Dataset entries>
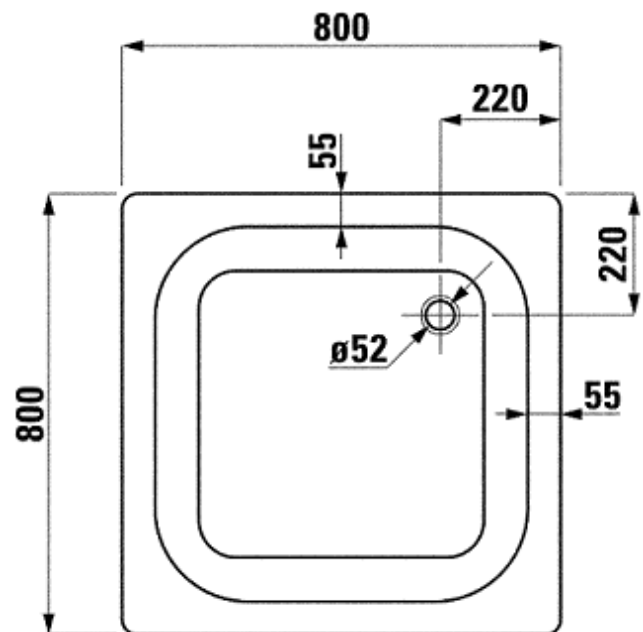

SANITAIR APPARAAT
DOUCHETUB UIT STAALEMAIL

 MODEL RECHTHOEKIG VOOR INBOUW
 MET OPSTAND

MERK : ROCA

TYPE : ZWAAR staal

CODE : 118583

- ± afmetingen (mm) : - buitenmaten: 800 x 800 x 160 (lengte x breedte x hoogte)
 - kuip: 690 x 690 (lengte x breedte)
- materiaal : - geëmailleerde zware staalplaat.
 - kleur: wit.
- bevestiging : rustend op de vloer(plaat) d.m.v. een regelbaar potenstel (niet inbegrepen)
 of polystyreen draagelement (niet inbegrepen).
- bijzondere kenmerken : - vierkantig model.
 - vierkantige kuip met afgeronde hoeken en zonder overloop.
 - afloopopening Ø52mm in een hoek.
- gewicht : ca. 17 kg
- opties : regelbaar potenstel, polystyreen draagelement, afloopgarnituur met
 hevel, voegdichtingsmateriaal, ommanteling/verhoogd vloerconcept,
 kraanwerk, ...

Afmetingen en assortiment kunnen worden gewijzigd zonder voorafgaandelijk bericht.

SANITAIR APPARAAT
DOUCHETUB UIT STAALEMAIL

 MODEL RECHTHOEKIG VOOR INBOUW
 MET OPSTAND

MERK : ROCA

TYPE : ZWAAR staal

CODE : 118584

- ± afmetingen (mm) :
 - buitenmaten: 900 x 900 (lengte x breedte x hoogte)
 - kuip: 790 x 790 (lengte x breedte)
- materiaal :
 - geëmailleerde zware staalplaat.
 - kleur: wit.
- bevestiging :
 rustend op de vloer(plaat) d.m.v. een regelbaar potenstel (niet inbegrepen)
 of polystyreen draagelement (niet inbegrepen).
- bijzondere kenmerken :
 - vierkantig model.
 - vierkantige kuip met afgeronde hoeken en zonder overloop.
 - afloopopening $\varnothing 52$ mm in een hoek.
- gewicht :
 ca. 21 kg
- opties :
 regelbaar potenstel, polystyreen draagelement, afloopgarnituur met hevel, voegdichtingsmateriaal, ommanteling/verhoogd vloerconcept, kraanwerk, ...
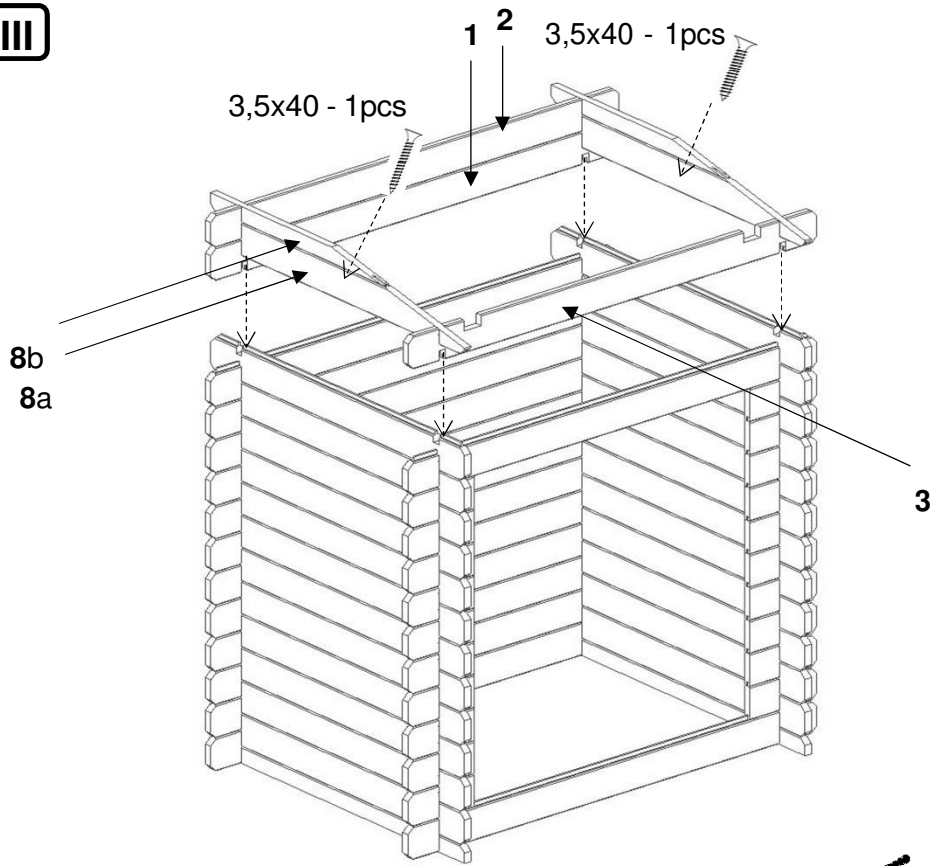

plastic and
pool products

oku[®]
Obermaier GmbH

OKU Holzpool EMOTION-FUN Filterhaus

1,20 x 0,89 m Höhe 1,26 m

Art.Nr.: 800710

19
mm 

I

II

III

IV

V

VI

3mm

6d - 2pcs

6b

6c - 4pcs

544 1x 0.926

546 2x 0.780

561 1x 0.870

30x70 - 2pcs

X

4,0x20 - 6pcs

4,0x20 - 6pcs

OKU Holzpool EMOTION-FUN Filterhaus 1,20 x 0,89 m Höhe 1,26 m Art.Nr.: 800710

		element	size	pieces
			1200x99x19	15
			1200x89x19	1
			1200x89x19	1
			1200x99x19	4
			1200x89x19	1
6		6a 	1200x89x19	1x
		6b 	1200x88x19	1x
		6c 	1200x99x19	4x
		6d 	500x47x27	2x
		7 	195x99x19	20
		8A 	890x99x19	2
		8B 	609x45x19	2
		9 	890x99x19	24
		10 	890x54x19	2
11		11a 	870x89x19	1x
		11b 	870x99x19	8x
		11c 	780x47x27	2x
		11d 	926x47x27	1x
		12 	330x45x13	1
		13 	870x45x13	1
		14 	50x50x28	1
		15 	1100x45x13	2
		16 	1200x45x13	2

Task description>
Only the number is wanted: how many lines of these entries contain the string "inbegrepen"?

Finished task>
4